L’envers du décor de l’implant cochléaire

Ce billet est un peu spécial, j’exprime ce qui ne se dit pas sur la toile. On lira toujours que l’implant cochléaire est un outil merveilleux, magique, que c’est un outil qui fait renaître les personnes qui ont perdu l’ouïe.

On est dans une époque où la positive attitude est privilégiée et c’est tant mieux.

L’envers du décor, on ne l’exprime pas ou très peu.

Il y a des choses qui sont occultées à moins que j’aie mal cherché. C’est certes négatif mais parfois il faut dire les choses telles qu’elles sont. Il faut avoir le cran de le dire je pense.

Il faut avoir le cran de dire
que oui j’ai eu mal à la tête,
que oui les parties internes m’ont fait souffrir au début,
que oui parfois c’est dur (il y aura toujours des moments avec et des moments sans),
que oui ça va mieux,
que oui le pire est passé (ça, je ne sais pas…),
que oui il faut arriver à dompter le mental désormais.

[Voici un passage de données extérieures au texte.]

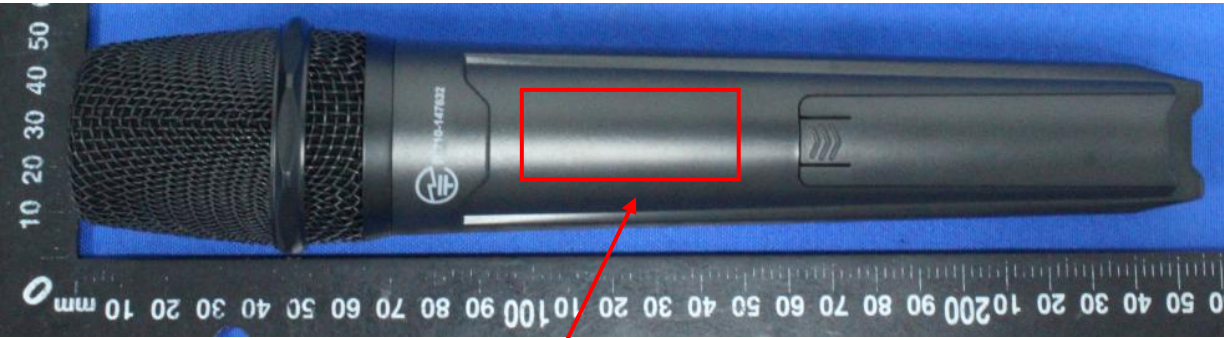

Label Artwork and Location

Model: MwmU-5

Label:

WIRELESS MICROPHONE
FCC ID:2AV7NMWMMU-5
MODEL:MWMMU-5

Size: L*W=50*20mm

Location
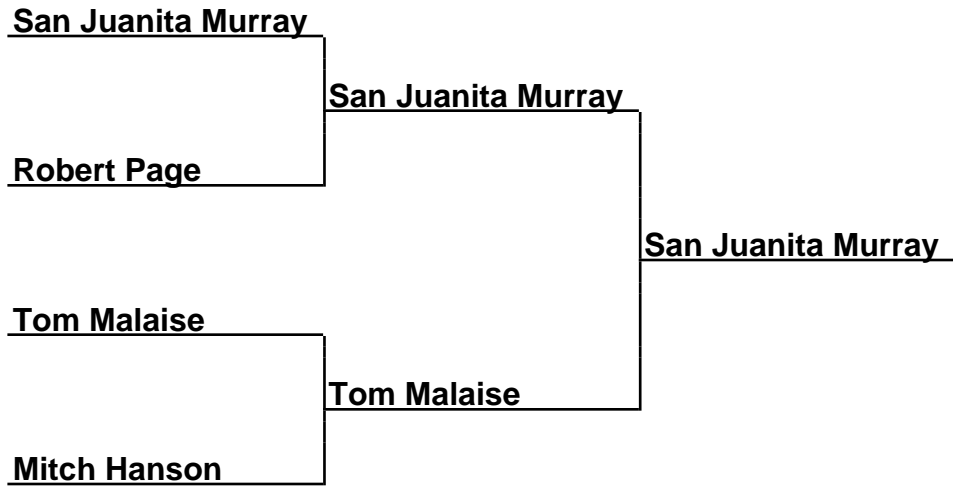

Brackets

22-16-047 Lonestar Shootout - Buffalo, TX

Sponsored by:

Cmb30-Fin-F - Combined 30 Finals (F)

Box Scores

Championship Match	(4)Linda Dodson vs. (2)Shelly Martinez	9-9,11-10,9-7
Semi-Finals	(1)Gerald Prados vs. (4)Linda Dodson	12-6,5-12,13-14
Semi-Finals	(2)Shelly Martinez vs. (3)Nelda Dodson	11-9,12-6
Quarter-Finals	(4)Linda Dodson vs. (5)Christina Holland	9-3

Brackets

22-16-047 Lonestar Shootout - Buffalo, TX

Sponsored by:

Open-Fin-A - Open Division Mixed Finals (A)

Box Scores

Championship Match	(1)Bry Anna Beusch vs. (3)Cody Ashmore	13-10,11-15,14-11
Semi-Finals	(1)Bry Anna Beusch vs. (4)Janice Stimmel Beltran	15-6,16-4
Semi-Finals	(2)Henry Lemaster Jr vs. (3)Cody Ashmore	5-11,12-6,6-9

Brackets

22-16-047 Lonestar Shootout - Buffalo, TX

Sponsored by:

Open-Fin-B - Open Division Mixed Finals (B)

Box Scores

Championship Match	(1)San Juanita Murray vs. (2)Tom Malaise	9-10,11-11,14-2,4-2(10)
Semi-Finals	(1)San Juanita Murray vs. (4)Robert Page	7-3,12-7
Semi-Finals	(2)Tom Malaise vs. (3)Mitch Hanson	8-5,6-3

Il y a des moments difficiles, très difficiles à tel point qu’on doit serrer les dents pour supporter, pour encaisser tous ces bruits qui nous entourent.

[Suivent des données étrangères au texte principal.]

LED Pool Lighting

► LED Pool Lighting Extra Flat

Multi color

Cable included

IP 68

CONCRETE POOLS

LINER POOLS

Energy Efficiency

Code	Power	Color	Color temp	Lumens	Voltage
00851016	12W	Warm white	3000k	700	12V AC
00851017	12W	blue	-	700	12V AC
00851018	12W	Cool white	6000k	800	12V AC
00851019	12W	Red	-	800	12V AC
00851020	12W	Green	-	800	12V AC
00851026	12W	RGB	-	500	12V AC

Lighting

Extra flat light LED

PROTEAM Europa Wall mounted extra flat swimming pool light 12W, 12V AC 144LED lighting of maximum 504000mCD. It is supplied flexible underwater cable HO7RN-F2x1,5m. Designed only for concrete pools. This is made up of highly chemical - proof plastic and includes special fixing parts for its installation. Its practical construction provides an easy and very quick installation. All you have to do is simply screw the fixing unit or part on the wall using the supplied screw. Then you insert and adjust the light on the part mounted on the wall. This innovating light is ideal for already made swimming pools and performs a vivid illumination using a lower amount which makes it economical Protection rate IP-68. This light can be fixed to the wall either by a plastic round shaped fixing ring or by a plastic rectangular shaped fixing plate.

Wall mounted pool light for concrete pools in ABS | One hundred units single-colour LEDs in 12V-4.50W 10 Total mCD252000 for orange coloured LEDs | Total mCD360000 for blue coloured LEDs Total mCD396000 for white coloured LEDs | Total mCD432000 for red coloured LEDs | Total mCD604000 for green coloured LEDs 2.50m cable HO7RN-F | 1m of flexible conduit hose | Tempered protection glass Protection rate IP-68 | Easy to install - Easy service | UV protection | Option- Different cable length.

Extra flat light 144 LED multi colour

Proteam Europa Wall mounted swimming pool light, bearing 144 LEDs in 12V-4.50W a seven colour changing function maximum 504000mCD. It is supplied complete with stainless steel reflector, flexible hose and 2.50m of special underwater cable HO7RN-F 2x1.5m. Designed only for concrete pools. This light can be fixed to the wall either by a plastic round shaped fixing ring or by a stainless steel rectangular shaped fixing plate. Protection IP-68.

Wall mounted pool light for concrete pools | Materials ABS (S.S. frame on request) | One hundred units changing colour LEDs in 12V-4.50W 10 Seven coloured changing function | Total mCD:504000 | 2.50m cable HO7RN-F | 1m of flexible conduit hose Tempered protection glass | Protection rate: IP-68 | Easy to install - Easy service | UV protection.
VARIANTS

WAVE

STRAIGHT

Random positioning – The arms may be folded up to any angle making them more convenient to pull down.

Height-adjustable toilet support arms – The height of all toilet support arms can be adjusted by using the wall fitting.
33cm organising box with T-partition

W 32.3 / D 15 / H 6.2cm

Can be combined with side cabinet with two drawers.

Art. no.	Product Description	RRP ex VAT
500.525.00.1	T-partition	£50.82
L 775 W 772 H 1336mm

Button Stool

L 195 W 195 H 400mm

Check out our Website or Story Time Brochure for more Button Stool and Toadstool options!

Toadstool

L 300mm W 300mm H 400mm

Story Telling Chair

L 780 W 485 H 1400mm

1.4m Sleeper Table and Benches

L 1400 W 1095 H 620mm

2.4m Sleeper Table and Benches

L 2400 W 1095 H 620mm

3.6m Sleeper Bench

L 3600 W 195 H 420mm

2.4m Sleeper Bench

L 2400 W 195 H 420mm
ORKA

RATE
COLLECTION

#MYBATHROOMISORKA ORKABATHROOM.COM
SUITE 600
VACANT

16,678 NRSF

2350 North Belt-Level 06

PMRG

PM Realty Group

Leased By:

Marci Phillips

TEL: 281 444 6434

Ces bruits que je redécouvre chaque jour depuis 9 mois. Si je devais lister tout ce que j’entends, la liste serait longue, très longue. J’ai d’ailleurs arrêté d’écrire parce qu’il y en a trop. Ces bruits ne sont pas forcément pertinents au quotidien mais sont occultés par les personnes qui entendent depuis leur naissance.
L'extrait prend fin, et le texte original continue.